We performed a search on PubMed for Breast Neoplasm over different time spans:
We then estimated the time that is required by a normal human annotator to pick & categorize the relevant sentences from each of these abstracts and annotate the sentences for Protein, Diseases, Drugs or Biological Processes.
We found to annotate 30 days of data on breast neoplasm it would take at least 1man day (taking into account from our past estimates that it would at least take 10 min to annotate one abstract). So extrapolating the amount of time required to annotate data on a single Search “ Breast Neoplasm” for 3 months or 90 days happens to be 11 man-days of effort and considerable cost.
The same would imply if you were to read and analyze the facts yourself.
So in order to annotate 50000 abstracts (it would amount to 50000 abstracts x 10 mins) = 500000 mins or 1041 man-days or ~ 3 years to annotate 1 month of literature findings from PubMed.
Solution:
The major bottleneck with manual curation as demonstrated above involves considerable time and cost. So in XTractor we have reduced the time involved in the manual annotation effort- by significantly cutting down the process steps to boost our internal productivity and turnaround time. So that in almost real-time basis we are able to serve you with the latest manually annotated scientific facts every single day.
ROI:
At XTractor we do manual annotation of more than 700 abstracts everyday that too at < $1 per day.
XTractor delivers you the handpicked, manually annotated facts within 10 days from the date of publication from PubMed.
FREE Trial at http://www.xtractor.in/premium/trial.do
text mining, manual annotation, data alerts, colloborations, pubmed, curation, genes, drugs, processes, diseases, free, data mining, tag, annotations, drug discovery, web 2.0, biomedical literature, publishing, abstracts, natural language processing, NLP, data analysis, visualization, concept linking, abstraction, categorization, precision, recall, data accuracy, proteins, interactions, molecules, text gathering, indexing, index, query, MeSH, biological process, protein function, NLM, accuracy, accurate data, manual curation, curate, annotate, annotations, colloborations, curation, data alerts, data mining, diseases, drug discovery, drugs, free, genes, manual annotation, processes, pubmed, tag, text mining,text mining, manual annotation, data alerts, pubmed, genes, drugs, processes, diseases, free, data mining, tag, drug discovery, web 2.0, natural language processing, data analysis, visualization, concept linking, abstraction, precision, recall, data accuracy, proteins, interactions, index, query, MeSH, NLM, manual curation, protein interactions, abstraction, abstracts, accuracy, accurate, data, annotations, biological process, biomedical literature, categorization, colloborations, concept linking, curate, curation, data accuracy, data alerts, literature, categorization, colloborations, concept linking curate curation data accuracy data alerts da, abstracts, annotations, biological process, categorization, colloborations, data accuracy, data analysis, data mining, drug discovery, MeSH, molecules, natural language processing, NLM, NLP, precision, processes, protein function, protein interactions, publishing, pubmed, query, recall, tag, text gathering, visualization, web 2.0
Add comment May 4, 2009
Precision/accuracy based mining of PubMed data
Precision / accuracy of the mining PubMed data
The major problem that concerns most of the Biomedical researchers is the accuracy of the data mining. Making computers understand the human language and more so analysis of the extracted data is still a problem with most of the text mining engines, which are based on Natural Language Processing (NLP). Though NLPs have a quicker turnaround time, they are not accurate and majority of the time not comprehensive. We conducted an analysis of XTractor manual curation Vs one of the best Natural Language Processing engines in the Biomedical Space. We procured PubMed abstracts over different dates and passed them through the NLP, and the Xtractor team also manually annotated the same set for biomedical relevance.

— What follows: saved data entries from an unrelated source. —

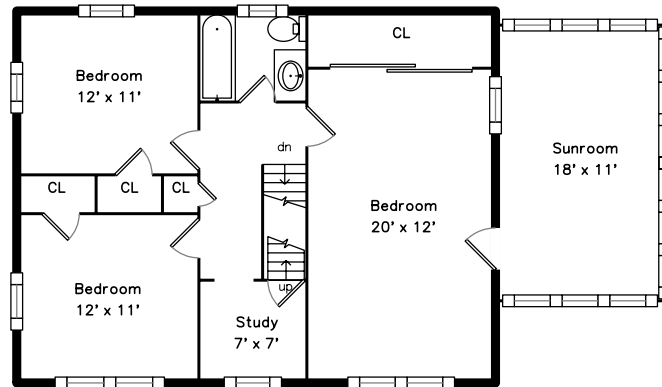

Top

Upper

Main

Garage

Lower

124 Lovell Rd
 Watertown, MA 02472
 PicturePlan by vis-home

Measurements may not be 100% accurate.
 Floor plans are provided for convenience only.
 Room sizes are not used to calculate area.

Top

Upper

Main

Lower

Garage

Outside

Outside

Outside

Living Room

Living Room

Living Room

Living Room

Dining Room

Dining Room

Kitchen

Kitchen

Kitchen

Kitchen

Kitchen

Family Room

Family Room

Family Room

Bathroom

Bedroom
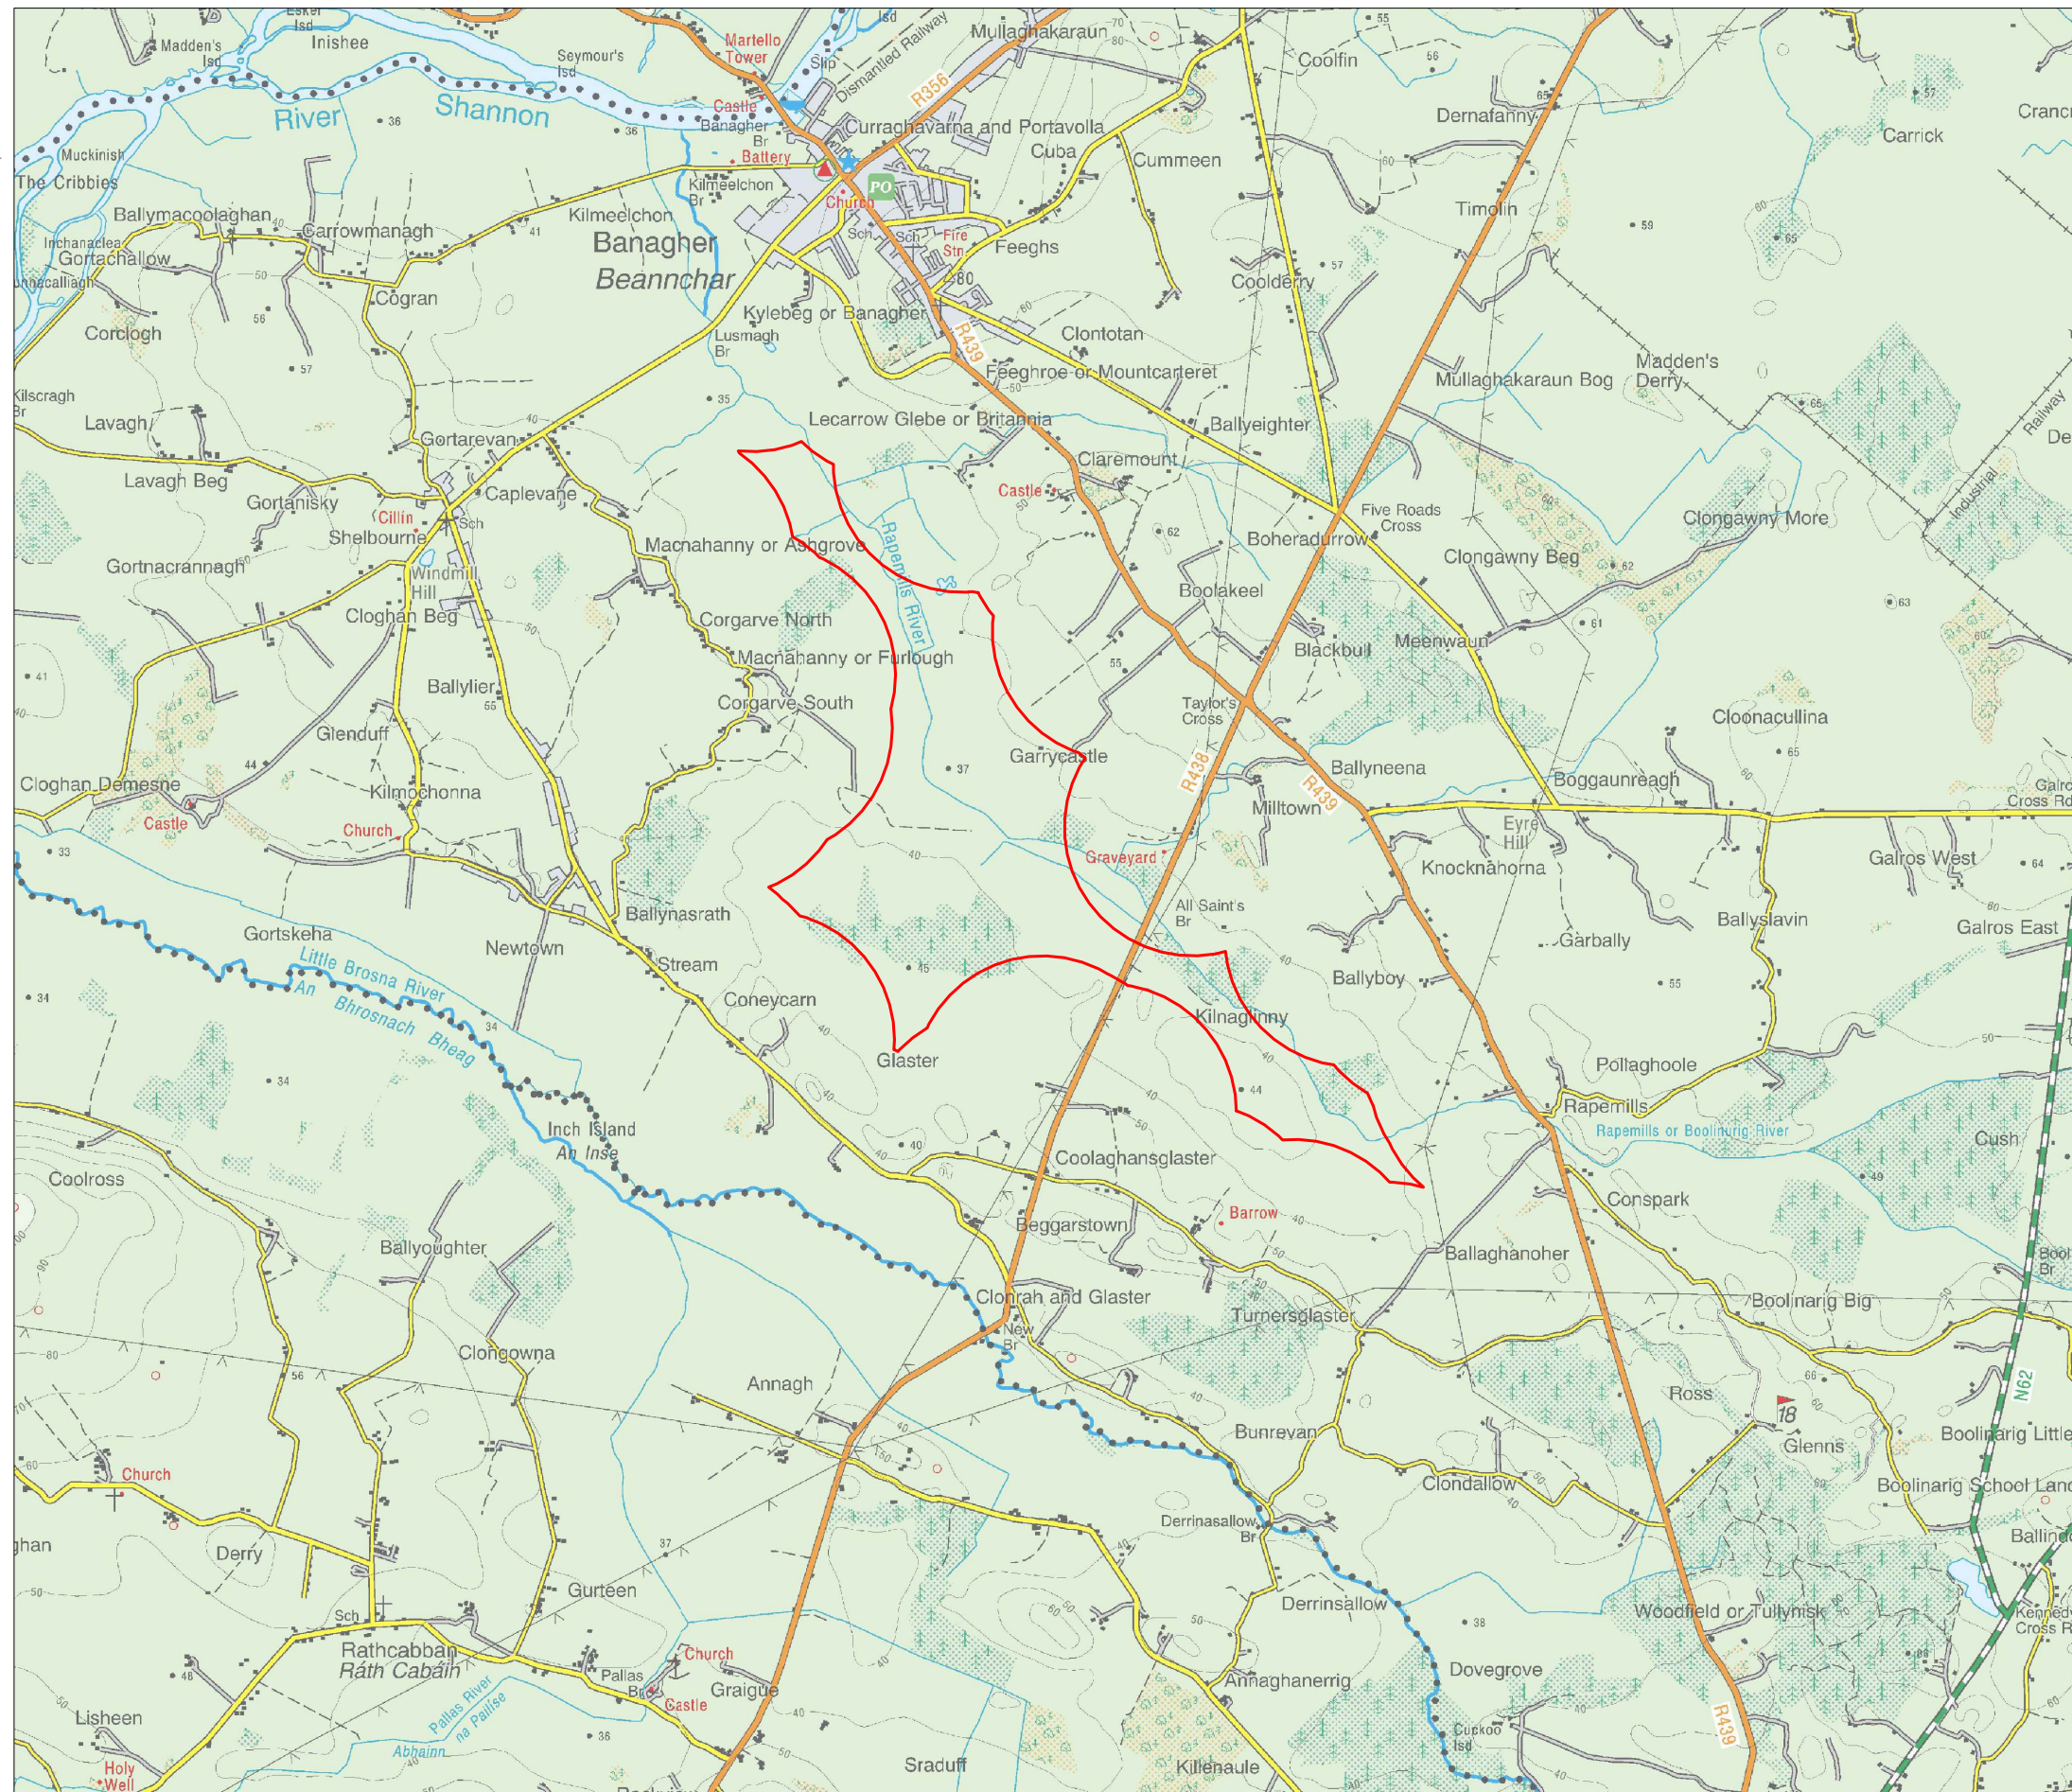

OSI © Licence: EN 0062823 - Prepared Using ITM

Prepared by:
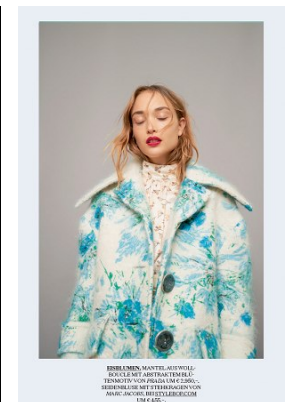

www.stellamodels.com

—
STELLA
MODELS
×

HEIGHT	BUST	DRESS	WAIST	HIPS	SHOES	HAIR	EYES
179	77	34-36	58	86	40.5	LIGHT BROWN	GREEN
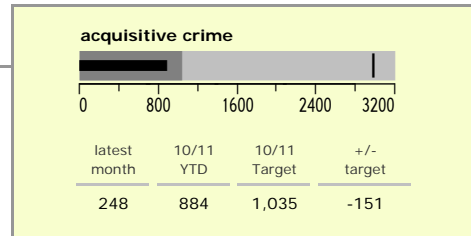

Blaby District : crime reduction dashboard 2010/11 : July 2010

national indicators

NI15 : serious violent crime	0.10
NI20 : assault with less serious injury	2.87
NI16 : serious acquisitive crime	10.78

(Rate per 1,000 population)

top 10 high crime areas

	recorded offences 10/11 YTD
Fosse Park	182
● Enderby North & Grove Park	81
● Glenfield West	76
Blaby North	65
Leicester Forest East - M1 Services	63
● Narborough Road South	54
● Blaby Centre	51
Braunstone Town Woodland Drive	50
Thorpe Astley & Meridian Business	43
● Glen Parva West	43
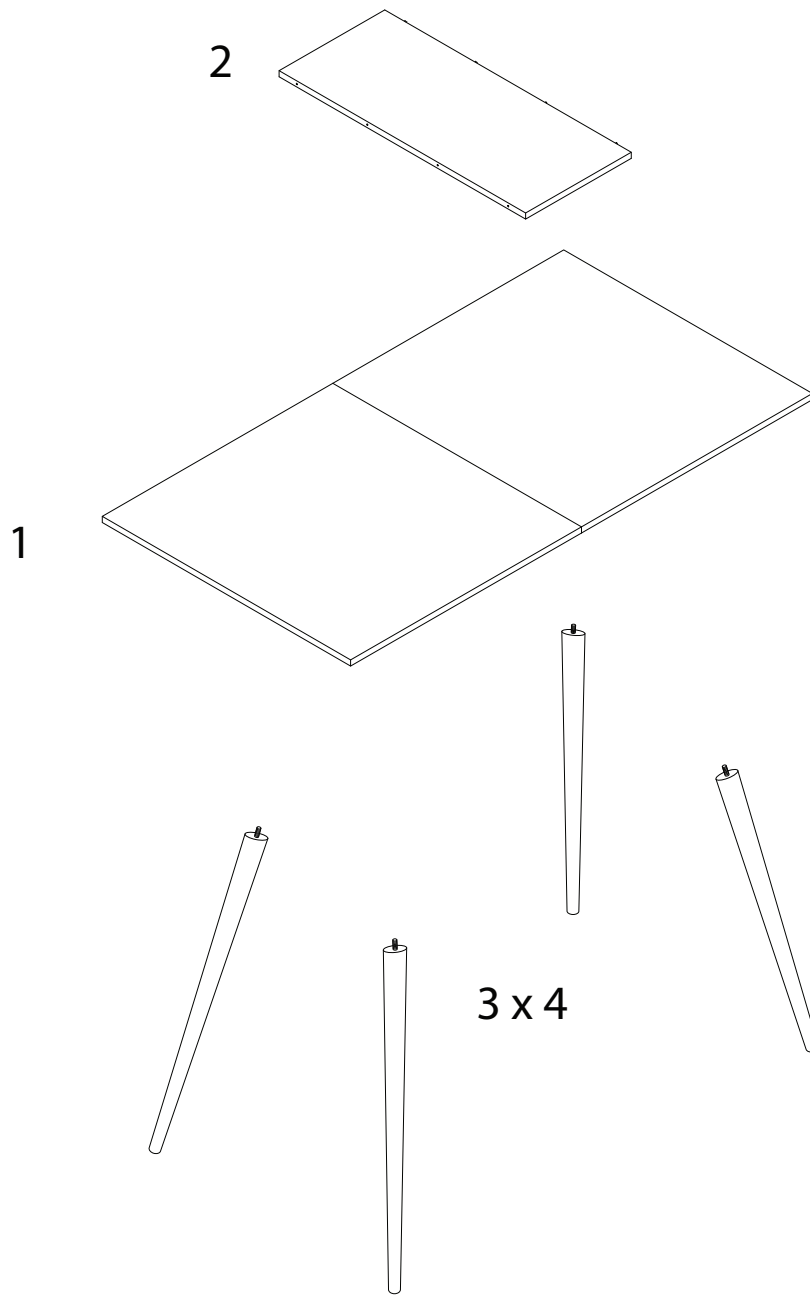

Diagram illustrating assembly instructions and safety warnings:

- Warning 1:** A crossed-out power drill icon indicates that power tools should not be used for assembly.
- Warning 2:** A crossed-out icon of a block being lifted by a hand indicates that the table should not be lifted by the top surface.
- Time:** A clock icon with the number **40'** below it, indicating an estimated assembly time of 40 minutes.
- Personnel:** An icon of a person with the number **2** below it, indicating that two people are required for assembly.

<p>1</p>  <p>x 1</p>	<p>2</p>  <p>x 1</p>	<p>3</p>  <p>x 4</p>	<p>4</p>  <p>x 4</p>
---	---	---	---

1

2

3

4

5

6
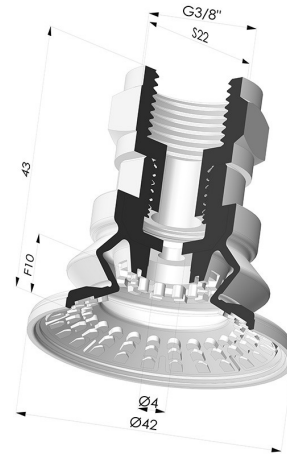

**TECHNICAL INFORMATION**

<b>Range :</b>	Suction cup
<b>Category :</b>	With bellows
<b>Series :</b>	8R
<b>Height (in mm) :</b>	43
<b>Shape :</b>	1.5 Bellows
<b>Contact lip diameter :</b>	42 mm
<b>inner barrel diameter :</b>	Female G3/8"
<b>Number of bellows :</b>	1.5 Bellows
<b>Horizontal force :</b>	57.5 N
<b>Vertical force :</b>	29 N
<b>Arrow :</b>	10 mm

**Variants:**

Variant reference:

**8R 42NI F38**

- Color: Black
- Matter: Nitrile
- Shore Hardness: SH70
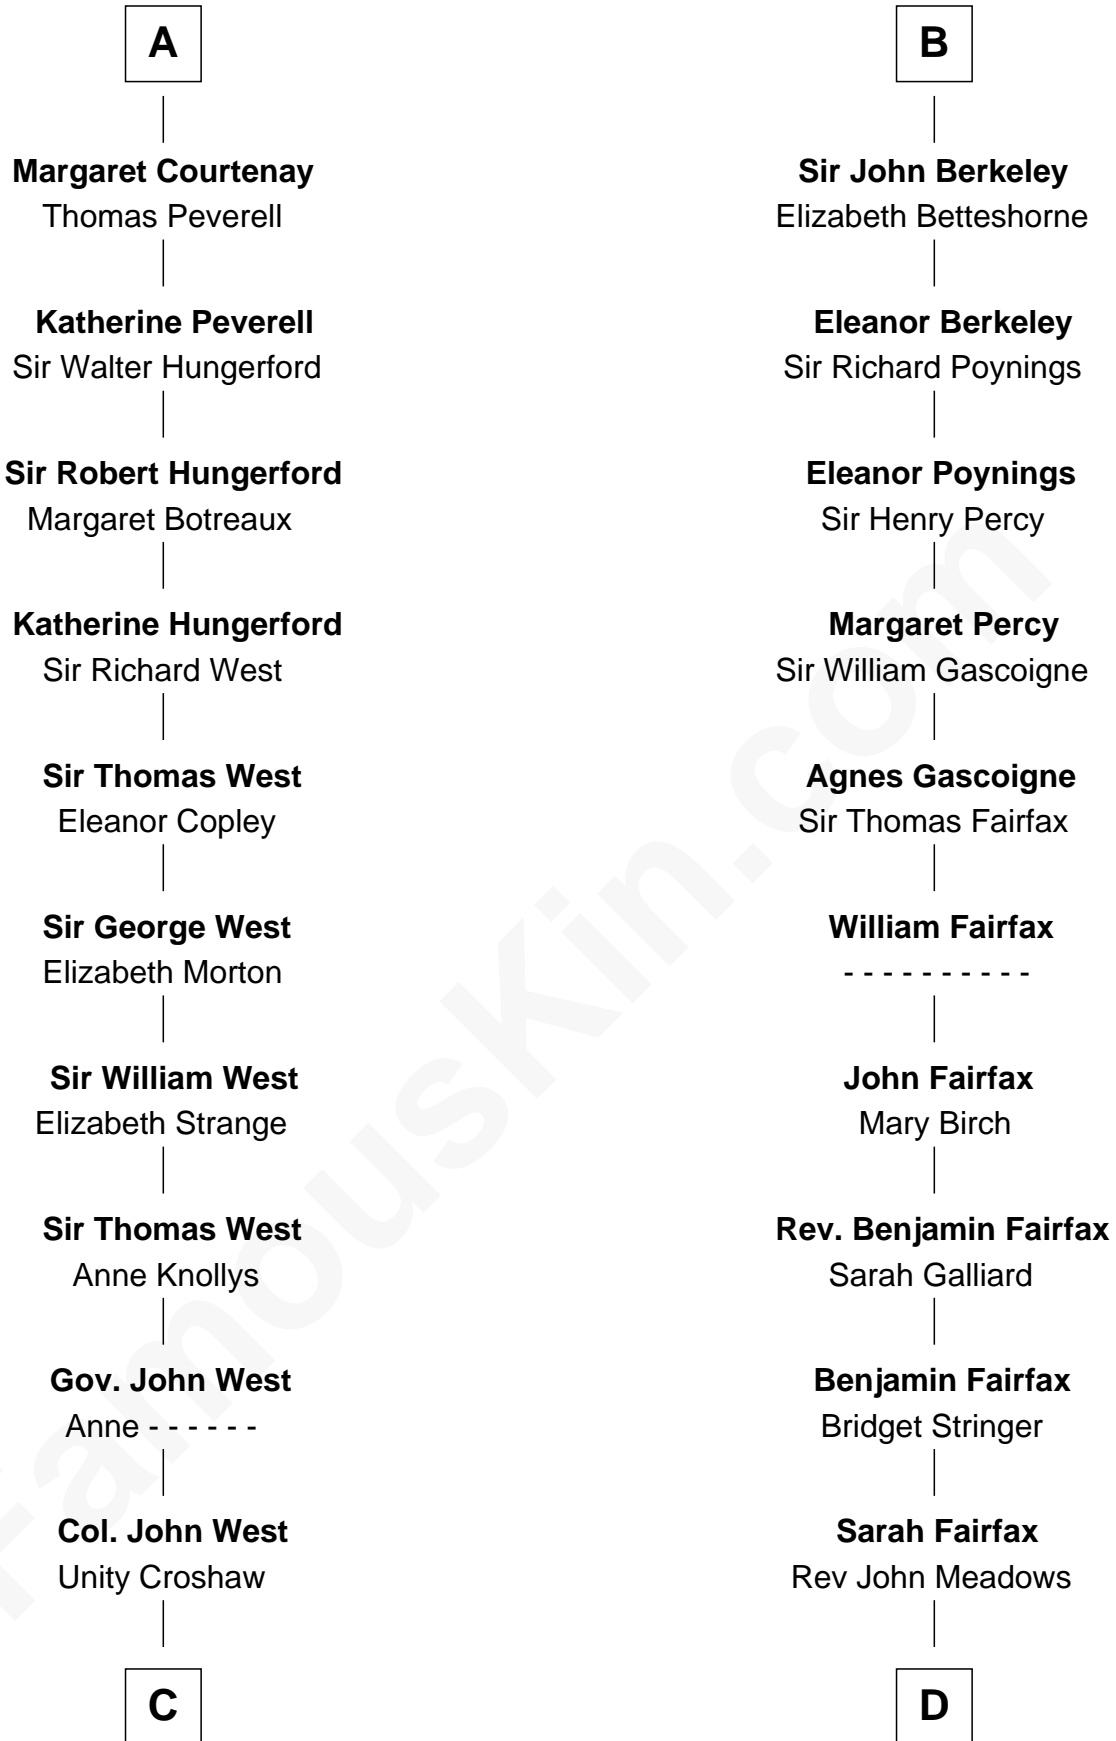

# FamousKin.com Relationship Chart of

**William C. C. Claiborne**

*1st Governor of Louisiana*

20th cousin 1 time removed of

**Harriet Martineau**

*Author of The Hour and the Man*

**Hugh de Grantmesnil**

**C**

**Ann West**  
Henry Fox

**Ann Fox**  
Thomas Claiborne

**Nathaniel Claiborne**  
Jane Cole

**William Claiborne**  
Mary Leigh

**William C. C. Claiborne**  
*1st Governor of Louisiana*

**D**

**Philip Meadows**  
Margaret Hall

We found that our manual curators reduced the false positive rate of NLP picked abstracts by more than 10-38% or in other words, our manual annotation effort enabled us to:
- Pick additional abstracts that were totally missed by the NLP
- Abstracts that were wrongly annotated for Proteins, Diseases, Drugs and Biological Processes.
Some Examples of the miss outs by the NL P include:
Common English term mismatches: MICE, PEG, DAMAGE, RAW, which overlap with protein names.
Common Isoform Mismatches: p16-INK4 to p14ARF and cd11c to cd11d
Common Protein mismatches: S1P (sphingosine-1-phosphate) matched to sphingosine-1-phosphate receptor and ERK to ephrin type-B receptor 2
Protein-disease mismatch: VHL protein mismatched to von-hippel lindau disease and progressive multifocal leukoencephalopathy mismatched to PML protein
Protein-process Mismatches: cell growth tagged to growth factor
Protein drug Mismatches: rapamycin tagged to protein Mammalian target of rapamycin
So both these above aspects amounted to an average of 10-38% false positives.
Solution:
XTractor manual annotation involves initially screening of all the relevant records from PubMed on an everyday basis. This is followed by manual annotation and sentence categorization. Finally the categorized sentences are again manually quality checked for accuracy and automated validations are run on them to avoid false positives from getting into the knowledgebase.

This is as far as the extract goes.